Recycling Terminology Can Be a Minefield, So We Should Tread Lightly
New Polyfoil EcoPro squeeze-tube body structure from Hoffmann Neopac is praised for excellent barrier properties, 30% reduced wall thickness, use of up to 60% PCR and recyclability in the HDPE stream. EVOH constitutes around 2% of the structure – is that truly “mono-material”? (Photo: Hoffmann Neopac)
Today everybody wants to be considered “green,” but nobody wants to be accused of “greenwashing.” Unfortunately, being overly free with progressive-sounding environmental terms ends up constricting our freedom. We’ve already been told by government regulators when we can or can’t say something is “recyclable” or “compostable.” There are ongoing discussions at various regulatory levels about when we can call something “recycled” and even what does or does not constitute “recycling.”

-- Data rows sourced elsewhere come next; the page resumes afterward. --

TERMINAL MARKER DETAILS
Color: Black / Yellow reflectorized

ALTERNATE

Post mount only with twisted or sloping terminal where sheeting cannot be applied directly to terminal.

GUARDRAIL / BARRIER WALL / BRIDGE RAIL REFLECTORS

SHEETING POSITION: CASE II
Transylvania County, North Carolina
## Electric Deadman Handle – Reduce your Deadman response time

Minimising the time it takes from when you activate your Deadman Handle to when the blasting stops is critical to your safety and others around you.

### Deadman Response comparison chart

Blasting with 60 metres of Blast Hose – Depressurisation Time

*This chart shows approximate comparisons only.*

Many in the plastics and packaging industries have taken this lesson to heart. Nowadays, when I see announcements about the sustainability of materials, they are often backed up by certifications from recognized authorities. Nonetheless, I see evidence of the need for continued vigilance to avoid stepping into verbal potholes.
Just last week, I saw an announcement from the Swiss-based global packaging firm Hoffmann Neopac about the launch of a new product at the Luxe Pack NY trade show the week before. The new Polyfoil EcoPro squeeze tubes are described as “mono-material double barrier tubes … ideal for personal care and cosmetic products.” Available in capacities of 50 to 200 ml, these tubes contain up to 60% EU food-grade post-consumer recycled (PCR) HDPE and have a body wall thickness of 0.35 mm, which is 30% less than the company’s standard Polyfoil barrier tubes. Their CO2 footprint is said to be 40% less than “standard coex tubes.” They can use virgin or recycled (up to 70%) EU food-grade HDPE in the shoulder and flip-top or screw cap.

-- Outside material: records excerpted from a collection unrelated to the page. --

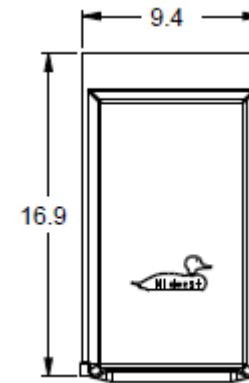

## Wire Range Size

CONNECTOR	COPPER		ALUMINUM	
	SOLID	STRAND	SOLID	STRAND
LINE	—	6-1/0	—	6-1/0
LOAD	14-10	14-10	—	—
NEUTRAL	14-4	14-4	14-4	14-4
POST LINE CONNECTOR SUITABLE FOR LOOP FEED	#6-350 KCMIL		#6-350 KCMIL	
EQUIP. GRND. POST	14-2/0	14-2/0	14-2/0	14-2/0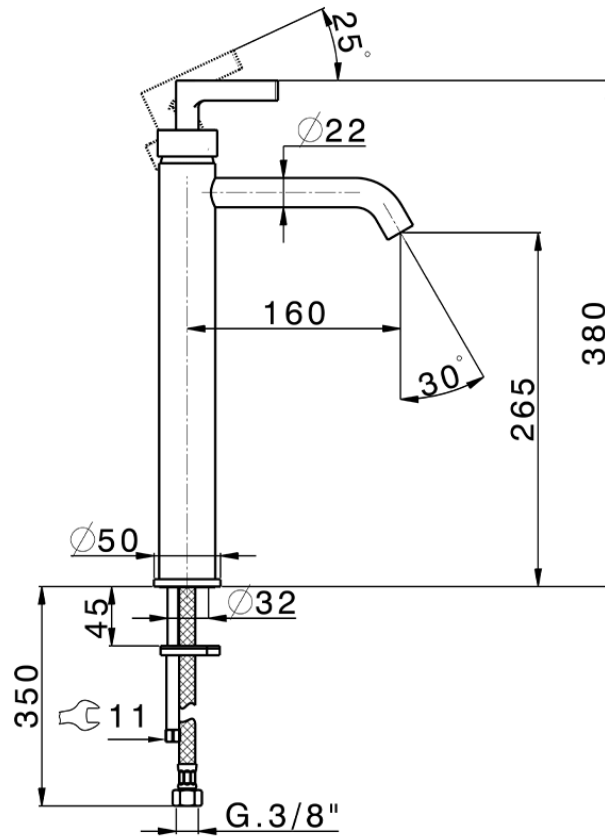

## Single lever tall basin mixer GRACE\_GC004540

GC004540

<https://en.cisal.it/single-lever-tall-basin-mixer-grace-gc004540>

2026-05-20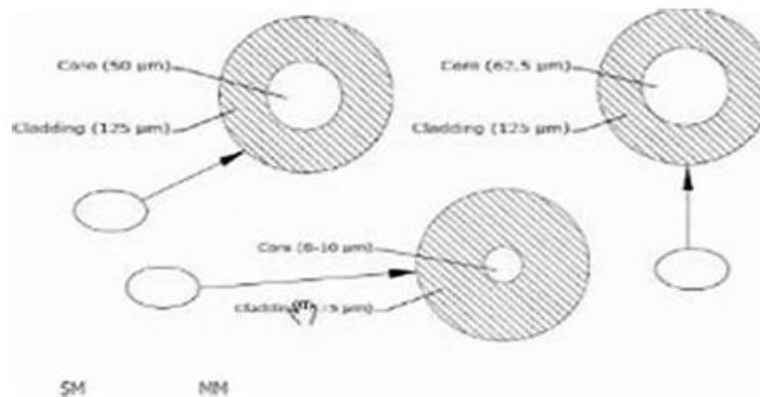

RCDDv15 Reliable Braindumps & Latest RCDDv15 Exam Notes

BTW, DOWNLOAD part of PDF4Test RCDDv15 dumps from Cloud Storage: <https://drive.google.com/open?id=1DFWDPz3PDQHmRMS4dt4hltCFROjQikH5>

One major difference which makes the BICSI RCDDv15 exam dumps different from others is that the exam questions are updated after feedback from more than 90,000 professionals and experts around the globe. In addition, the BICSI RCDDv15 Exam Questions are very similar to actual BICSI Registered Communications Distribution Designer - RCDD v15 RCDDv15 exam questions. Hence, it helps you to achieve a high grade on the very first attempt.

Hoffmann Neopac says the new tubes come with EU food compliance certification as well as a Grade A recyclability rating from the EU’s RecyClass sustainability verification organization, and Suez Grade A rating from Suez Group, the French-based global provider of “circular solutions” in water and waste materials.
I was intrigued by the description of these tubes as “mono-material” and “double barrier” as well as the company’s claim that they are “fully recyclable in the HDPE stream.” On a Neopac web page devoted to the product I found the “exploded view” of the layer structure shown here. You’ll notice, as I did, that there are two layers that combine EVOH with HDPE: One is a coextruded layer and the other an MDO-HDPE layer with a 3-micron EVOH coating. I guess that’s what they mean by “double barrier.” There are also two adhesive layers.
So, strictly speaking, we’re not dealing with a “mono-material” tube body – it comprises two materials, or really three, counting the adhesive. The key, however, is that the EVOH constitutes only around 2% of the structure, so the tube is certified recyclable in the HDPE stream – just as if it were mono-material HDPE. A member of the Neopac team confirmed that this is what really counts, more than the precise material composition, and is how the “mono-material” label is justified.
Okay, I can see that argument. But it still leaves me a bit uneasy. I wrote here recently about the accelerating trend toward “mono-material” packaging (and some durables, too). I was impressed by the creativity that allows all-polyolefin structures to replace barriers based on aluminum foil, metallization or incompatible resins such as nylon, PVDC or PET. Even then, I noticed that some “all-polyolefin” products, such as new pouches from Toppan, Inc. of Japan, actually employ vapor-deposited layers of aluminum oxide or silicon oxide (i.e., “glass”).
Burdened with an editor’s commitment to precision and accuracy in language, I’m beginning to wonder about the prudence of packaging manufacturers tying themselves to language like “mono-material” and “all-polyolefin” when that’s not truly the case. Better to stick with the real point: “recyclable in the PE (or PP) stream.” Without diminishing the importance of this evolution in packaging toward greater recyclability, let’s not get off on the wrong foot by mis-labeling the product and possibly inviting regulatory correction later on.
Plastics and packaging producers are often criticized for supposedly exaggerating the achievements of recycling. So let’s not open ourselves up to another claim of misrepresentation. The real story of package recyclability in the PE or PP stream is a big deal on its own. When the facts are favorable, stick with the facts.